(TASK DATA)

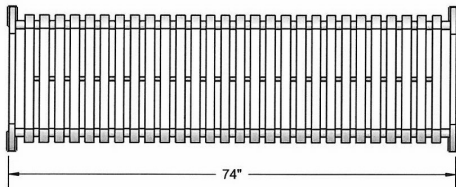

NATIONAL OUTDOOR FURNITURE, INC.

P.O. Box 296 Riverhead, NY 11901
Toll-Free Phone: 1-888-663-4621
Phone: 631-369-9099 Fax: 631-207-8312
Email: nofinc@optonline.net
www.outdoorchaise.com

NATIONAL OUTDOOR FURNITURE, INC.

P.O. Box 325 Pomfret Center, Ct 06259
Toll-Free Phone: 1-888-516-8873
Phone: 1-860-974-9996 Fax: 516-706-1901
Email: nofinc@earthlink.net
www.outdoorchaise.com

(End TASK DATA)

THE PROBLEM:
From the first record to the last, transcribe everything exactly but drop the pictures.

COMPLETED EXERCISE:
NATIONAL OUTDOOR FURNITURE, INC.

P.O. Box 296 Riverhead, NY 11901
Toll-Free Phone: 1-888-663-4621
Phone: 631-369-9099 Fax: 631-207-8312
Email: nofinc@optonline.net
www.outdoorchaise.com

NATIONAL OUTDOOR FURNITURE, INC.

P.O. Box 325 Pomfret Center, Ct 06259
Toll-Free Phone: 1-888-516-8873
Phone: 1-860-974-9996 Fax: 516-706-1901
Email: nofinc@earthlink.net
www.outdoorchaise.com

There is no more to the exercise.